- Task directions -
From the line containing "59 cm x 51 cm x 65 cm" through the final line of the records, reproduce every line exactly.

===== Dataset content =====

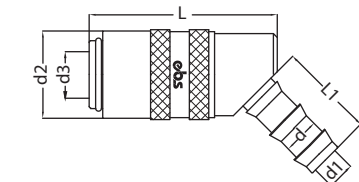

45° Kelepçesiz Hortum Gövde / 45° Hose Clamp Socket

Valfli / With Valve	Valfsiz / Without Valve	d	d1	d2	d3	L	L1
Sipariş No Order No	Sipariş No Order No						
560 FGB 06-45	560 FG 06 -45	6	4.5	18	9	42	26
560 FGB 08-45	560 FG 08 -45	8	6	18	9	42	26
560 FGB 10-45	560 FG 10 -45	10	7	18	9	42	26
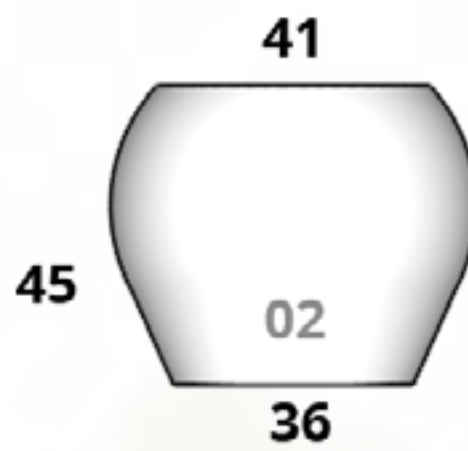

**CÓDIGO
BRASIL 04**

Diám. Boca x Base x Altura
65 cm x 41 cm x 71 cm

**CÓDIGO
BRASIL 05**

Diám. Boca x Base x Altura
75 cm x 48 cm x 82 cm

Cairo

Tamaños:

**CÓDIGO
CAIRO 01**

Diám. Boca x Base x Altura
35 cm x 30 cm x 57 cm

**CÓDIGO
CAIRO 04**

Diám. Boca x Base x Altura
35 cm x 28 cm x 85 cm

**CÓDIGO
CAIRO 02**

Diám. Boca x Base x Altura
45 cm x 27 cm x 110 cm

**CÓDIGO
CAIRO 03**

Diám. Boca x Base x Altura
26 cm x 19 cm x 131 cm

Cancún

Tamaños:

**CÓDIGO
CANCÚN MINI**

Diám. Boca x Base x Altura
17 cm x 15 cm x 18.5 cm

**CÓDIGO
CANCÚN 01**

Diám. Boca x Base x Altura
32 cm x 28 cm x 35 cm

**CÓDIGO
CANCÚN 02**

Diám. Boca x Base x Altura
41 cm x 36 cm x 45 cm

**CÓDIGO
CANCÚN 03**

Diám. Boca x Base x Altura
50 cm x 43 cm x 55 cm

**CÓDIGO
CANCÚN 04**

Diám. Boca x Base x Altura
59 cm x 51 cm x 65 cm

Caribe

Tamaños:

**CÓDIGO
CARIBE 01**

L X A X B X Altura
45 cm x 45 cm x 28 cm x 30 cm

=====

- Exercise response -
59 cm x 51 cm x 65 cm

Caribe

Tamaños:

**CÓDIGO
CARIBE 01**

L X A X B X Altura
45 cm x 45 cm x 28 cm x 30 cm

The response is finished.